**YOUR TASK**:
Go through each line of the records below and count those with the word "Ebony"; give only the total.

==============================

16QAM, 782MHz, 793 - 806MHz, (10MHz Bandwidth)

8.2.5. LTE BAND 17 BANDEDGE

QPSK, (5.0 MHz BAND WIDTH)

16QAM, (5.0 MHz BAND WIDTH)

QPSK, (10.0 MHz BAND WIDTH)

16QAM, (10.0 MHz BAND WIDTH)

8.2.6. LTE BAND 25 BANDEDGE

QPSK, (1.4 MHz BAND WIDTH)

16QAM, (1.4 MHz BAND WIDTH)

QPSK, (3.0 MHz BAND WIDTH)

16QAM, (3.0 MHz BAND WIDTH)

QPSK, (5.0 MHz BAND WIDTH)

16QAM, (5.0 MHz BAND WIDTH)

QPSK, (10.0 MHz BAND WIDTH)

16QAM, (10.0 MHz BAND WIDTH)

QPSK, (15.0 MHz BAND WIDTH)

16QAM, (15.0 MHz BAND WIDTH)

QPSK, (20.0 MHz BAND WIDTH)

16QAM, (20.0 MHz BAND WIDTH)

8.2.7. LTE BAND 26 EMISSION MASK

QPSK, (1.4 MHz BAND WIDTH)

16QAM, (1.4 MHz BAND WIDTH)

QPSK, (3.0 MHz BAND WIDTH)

==============================

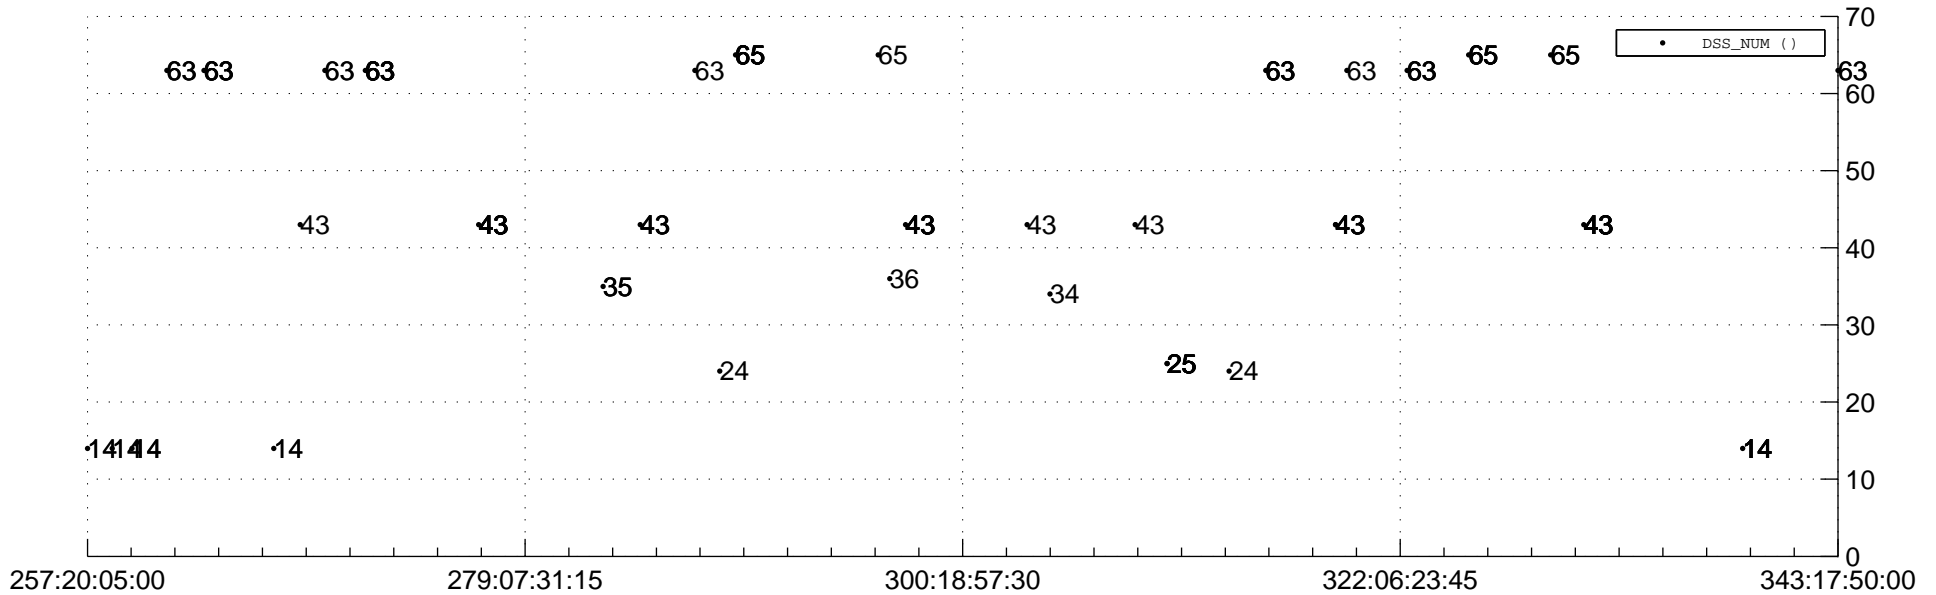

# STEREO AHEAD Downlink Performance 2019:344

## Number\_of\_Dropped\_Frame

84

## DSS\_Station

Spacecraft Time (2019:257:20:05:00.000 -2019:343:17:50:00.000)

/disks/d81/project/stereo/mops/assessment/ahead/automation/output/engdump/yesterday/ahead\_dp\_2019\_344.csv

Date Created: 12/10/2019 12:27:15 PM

==============================

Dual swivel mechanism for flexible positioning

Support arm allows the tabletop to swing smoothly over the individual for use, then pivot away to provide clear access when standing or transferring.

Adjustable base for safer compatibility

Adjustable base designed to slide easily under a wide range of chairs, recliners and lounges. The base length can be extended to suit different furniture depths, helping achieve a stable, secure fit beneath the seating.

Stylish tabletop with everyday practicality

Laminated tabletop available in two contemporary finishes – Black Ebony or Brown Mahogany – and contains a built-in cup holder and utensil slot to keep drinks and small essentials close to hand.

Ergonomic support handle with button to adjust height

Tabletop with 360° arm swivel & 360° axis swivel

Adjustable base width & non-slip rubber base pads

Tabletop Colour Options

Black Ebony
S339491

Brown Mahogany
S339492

==============================

**REPLY**:
2